Maneiras de alta tecnologia de manter os armários cheios

Maneiras de alta tecnologia de manter os armários cheios

Os fabricantes de bens não duráveis devem se concentrar em manter as prateleiras dos clientes – não apenas dos varejistas – totalmente abastecidas.


De que adiantará manter sua marca abastecida nas prateleiras dos varejistas se as prateleiras que realmente contam — as dos refrigeradores, despensas e armários de remédios dos clientes — estiverem vazias? A cadeia de suprimentos só termina no varejista se o produto for consumido no ponto em que foi comprado. No entanto, uma vez que a maioria dos produtos sai da loja, eles entram em uma cadeia de suprimentos desarticulada, gerenciada (ou, com muito mais frequência, mal administrada) pelo consumidor, cujos níveis de falta de estoque em casa são assustadoramente altos.

Nossa pesquisa mostra que, em média, a qualquer momento, os consumidores ficaram completamente sem quase 10% dos produtos que normalmente compram. A situação é muito pior no final do ciclo de reabastecimento (pouco antes da corrida semanal de compras, por exemplo). Estimamos que os fabricantes de bens de consumo que se movem rapidamente apenas no Reino Unido estão perdendo US $9 bilhões por ano, devido ao mau trabalho que os consumidores estão fazendo ao manter seus armários cheios.

O problema é particularmente agudo para os profissionais de marketing que dependem, pelo menos em parte, do consumo por impulso, em vez do consumo rotineiro ou planejado. Descobrimos que o controle de estoque doméstico é relativamente bom para itens básicos, como leite e pasta de dente – menos de 2% dos consumidores ficam sem isso inesperadamente. Por outro lado, 20% das famílias que normalmente estocam cerveja estão fora dela, 18% estão sem querer de bebidas carbonatadas e 14% ficaram sem salgadinhos que normalmente compram. Além disso, a teoria da escassez sugere que o consumo é reduzido quando a oferta é baixa, então o impulso de beber a última Coca-Cola ou cerveja tem maior probabilidade de ser suprimido. Pior ainda, quando acabam, os consumidores buscam alternativas, quebrando os padrões de fidelidade que varejistas e fabricantes alimentaram com tanto cuidado e custo.
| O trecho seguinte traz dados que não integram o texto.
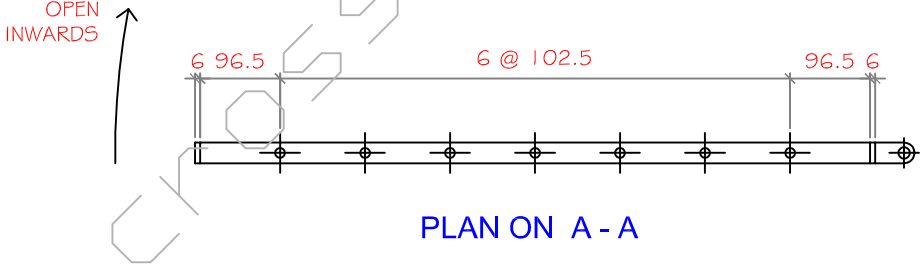

ELEVATION

2 x GATE HINGE

1 x GATE CATCH

'THE RACECOURSE RANGE'
 TYPE - WETHERBY SINGLE.
 OPENING SIZE - 91.5cm (3'-0").
 FINISH - HOT DIPPED GALVANISED

NOTE: ALL GATES SHOWN HINGED RIGHT, OPEN INWARDS (VIEWED FROM OUTSIDE)
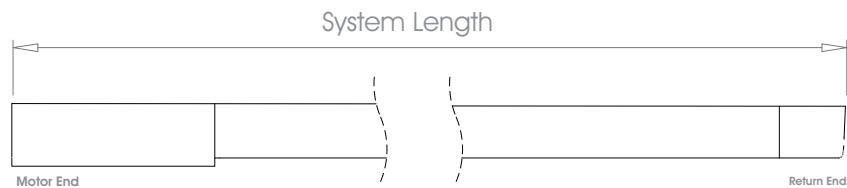

Left Hand Motor

Gliding Options Roller • Ripple Roller • Ripplefold® Roller
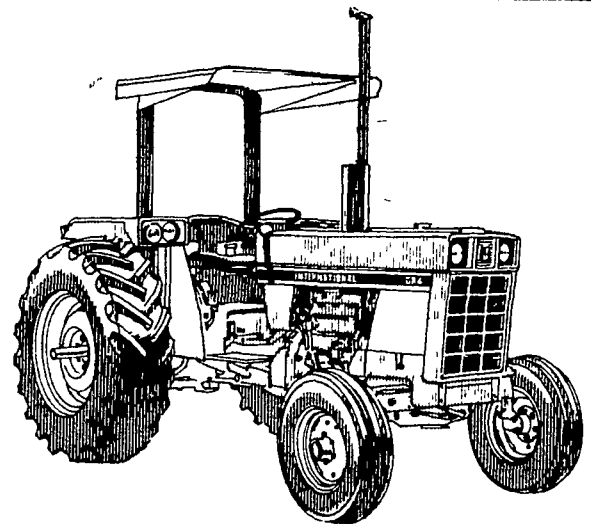

JD 6600 Diesel Hydro Combine w/corn and grain heads \$25,000.
IH Black Stripe 1066 Tractor 1200 hours
IH 1566 Tractor, fully equipped, 1300 hrs., \$17,250.
AC 7030 Tractor w/1400 hours
AC XT190 Tractor w/cab **SOLD**
JD 1020 Gas Tractor w/47 loader
Farmall Super M Tractor **SOLD**
Farmall 230 Tractor w/fast hit **SOLD**
Case 90 Comfort King, Standard Tread
David Brown 1410 w/900 hrs.
1976 Freuhauf Drop Deck Trailer w/10:00x15 rubber \$8,000.
Nh TR 70 Combine w/Cat. Dsl., Corn and Grain Platform \$42,500.
IH #55 13 tooth pull type chisel plow
Behlen 375 bu. dryer \$2750.
New Idea 324 pull **SOLD** w/super sheller, like new, (sells for 1/2 of list price)
IH #40 stalk chopper
Lots of Front and Rear IH Weights
Several JD 5B Hyd. reset Plows

HERE ARE SOME OF OUR SPECIALS YOU CAN STILL TAKE ADVANTAGE OF:

SPECIAL 886 with ROPS
\$18,200⁰⁰ 1 Only!

International®
886
Tractor

IH 684 - 62 HP

\$11,580⁰⁰ 1 Only!

SPECIAL PRICES ON TILLAGE TOOLS

IH 400 CYCLO PLANTER

4 Row Hyd. Dr:ven

\$5,800

INCLUDES
Dry Fertilizer Unit
Insecticide Units
And Seed Flow Monitor

GOOD USED TRACTORS

1066, New Radial Tires	\$18,250
656D	\$6,600
574 w/2050 Loader	\$9,300
350 Farmall	\$2,750
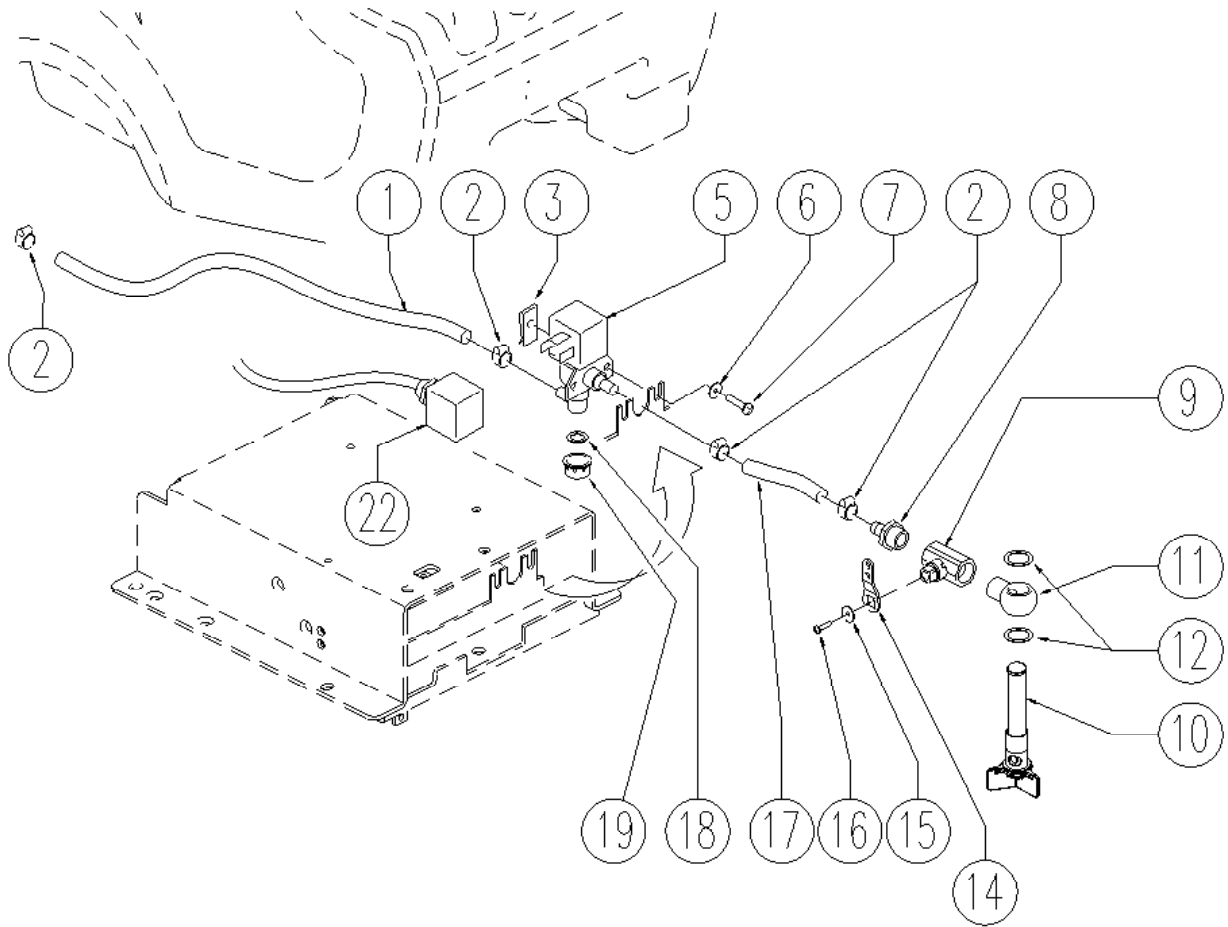

Solenoid Valve

Ref.	Part N.	Description	Quantity	Validity From	Validity To
1	3TBFX00308	TUBE L=580MM	1		
2	3FSVR00091	CLAMP 14-24	4		
3	3MLML00002	SPRING	2		
5	3MEEV00018	SOLENOID VALVE	1		
6	3VTRS00516	WASHER D. 5 INX	2		
7	3VTVT48694	SCREW TCB TC 5 X12 UNI 9707 TZ	2		
8	3RCVR00536	CONNECTOR.	1		
9	3RCGR00065	TAP F/F 1/2"	1		
10	3MPVR05221	FILTER	1		
11	3RCDS49622	CONNECTOR OCC 1/2 - 1/2M	1		
12	3VTRS00142	WASHER 1/2"	2		
14	3LAFN05902	LEVER	1		
15	3VTRS00251	WASHER 4-16 INOX A2	1		
16	3VTVT00633	SCREW M 3X 20 TCB-TC BK.U.7687	1		
17	3TBFX49101	TUBE FLEX D.34 CPL.SHK	1		
18	3GUGO00268	GASKET D.21 SP.3	1		
19	3RCVR00353	CAP 1/2"G X ELETTR. ACL	1		
22	3MECB00916	WIRING	1
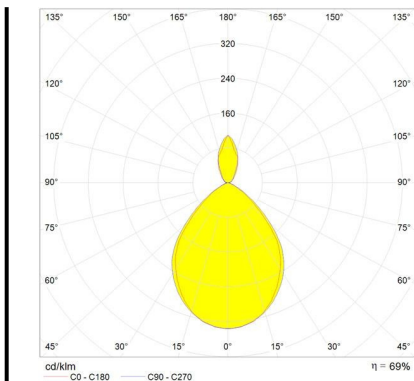

Tolomeo Micro Faretto - with switch

Michele De Lucchi
Giancarlo Fassina

DESCRIPTION

Wall support in polished aluminium; diffuser in matt anodised aluminium.

PRODUCT CODE: A044050

FEATURES

- Article Code: **A044050**
- Colour: **Aluminium**
- Installation: **Wall**
- Material: **Aluminium**
- Series: **Design Collection**
- design by: **Michele De Lucchi, Giancarlo Fassina**

DIMENSIONS

- Height: **cm 20**
- Depth: **cm 20**

LUMINAIRE

- Watt: **40W**
- Voltage: **220V-240V**
- Delivered lumens output: **244lm**
- Efficiency: **57%**
- Efficacy: **6.1lm/W**
- CRI: **100**

Notes

ALTERNATIVE SOURCES

- Category: **LED RETROFIT**
- Number: **1**
- Watt: **6W**
- Delivered lumens output: **470lm**
- Socket: **E14**
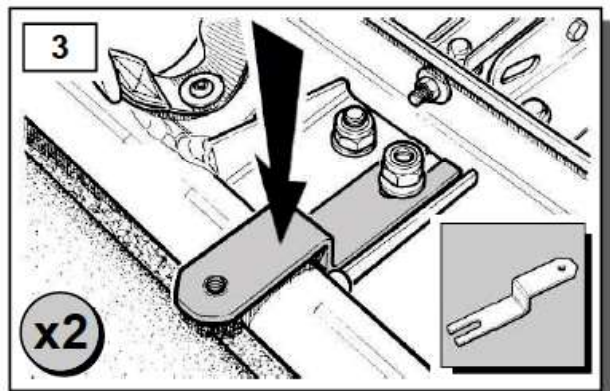

BRITPART FITTING INSTRUCTIONS

DOG GUARD

The quality parts for Land Rovers

Part Number - STC50479

Britpart
The Grove, Craven Arms,
Shropshire, SY7 8DA United Kingdom
www.britpart.com

VR. 1.

Disclaimer

These fitting instructions are intended for general guidance only. No responsibility will be accepted for damage to persons, property, equipment or vehicles caused during or arising from the fitting or using of this product. Fitting this item to your vehicle may constitute a vehicle modification and therefore we strongly recommend that you check the product complies with local laws and legislation and always inform the vehicle's insurance company accordingly.
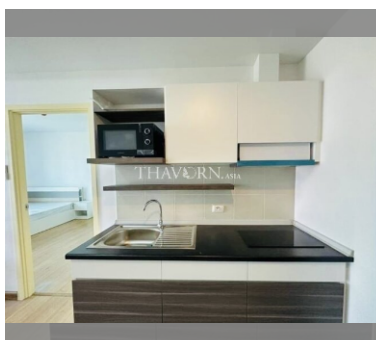

Condo for sale 1 bedroom 45 m² in Supalai Mare, Pattaya

฿ 2,690,000

UNIT PARAMETERS:

UID	FS-239866
quota	foreign quota
type	1 bedroom
size	45m²
floor	22
view	city view
quality	not chosen
transfer fee payer	50/50

PROJECT PARAMETERS:

district	Theprasit
buildings	1
floors	35
built in	2016
maintenance	฿ 16,200/year

FACILITIES:

General information: highrise, meters to beach: 600, minutes to beach: 8, open parking, multy-level parking, covered parking.

Swimming pool: swimming pool, kids pool, waterfall.

Chill zone: chill zone, garden.

Health zone: gym.

Other: lobby, CCTV, security, laundry.
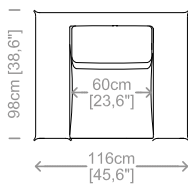

Poltrona
Armchair

Como você mantém essas geladeiras e despensas domésticas cheias? Primeiro, torne a disponibilidade em casa um objetivo estratégico primário — um que influencia as estratégias de marketing, preços, embalagem de produtos e distribuição. Em segundo lugar, trabalhe com parceiros que desempenham um papel fundamental. Os varejistas influenciam muitos dos mecanismos necessários para facilitar um melhor controle de estoque pelos consumidores, e eles compartilham seus interesses. O maior varejista da Alemanha, a Metro, por exemplo, fornece assistentes de compras pessoais (PSAs) em sua “Future Store” em Rheinberg. Eles se assemelham a pequenos laptops que se prendem ao carrinho, cumprimentando os clientes pelo nome depois que seus cartões de fidelidade são roubados. Os PSAs permitem a auto-digitalização, oferecem listas de compras personalizadas e chamam a atenção para exibições promocionais que complementam os perfis de transação dos compradores.

Terceiro, explore as oportunidades que o varejo na Internet já oferece. Convencionalmente, os compradores decidem quanto comprar de cada item na loja, longe do ponto de armazenamento e consumo, usando listas incompletas ou nenhuma. A maior mercearia da Internet do mundo, a Tesco.com, oferece aos clientes listas de compras e promoções com base em seus pedidos mais recentes e seus padrões de compra de longo prazo.

Em quarto lugar, olhe para o futuro: à medida que as etiquetas RFID ficam mais baratas, os fornecedores de tecnologia em breve oferecerão opções para capturar dados de produtos em casa. A Electrolux assumiu um papel de liderança no desenvolvimento de eletrodomésticos inteligentes. Um de seus refrigeradores conceituais já inclui um scanner que permite que os consumidores acompanhem os produtos à medida que os usam. Outro contém webcams acessíveis remotamente, permitindo que os consumidores verifiquem os estoques domésticos da loja.

A casa do futuro poderia muito bem apresentar latas de lixo inteligentes que podem reordenar automaticamente ou prompt os consumidores a reabastecer itens com etiquetas RFID; essa tecnologia já é usada para controle de reciclagem. Em um prazo mais próximo, scanners de código de barras simples, como o Kitchen Companion do IntelliScanner, permitem que os consumidores acompanhem os itens que desejam recomprar.

Então, onde está o fim da cadeia de suprimentos? Muito mais perto de casa do que você poderia imaginar. Ampliar o conceito de cadeia de suprimentos oferece recompensas não apenas para profissionais de marketing de marca, distribuidores, provedores de dados e empresas de tecnologia, mas também, é claro, para os clientes.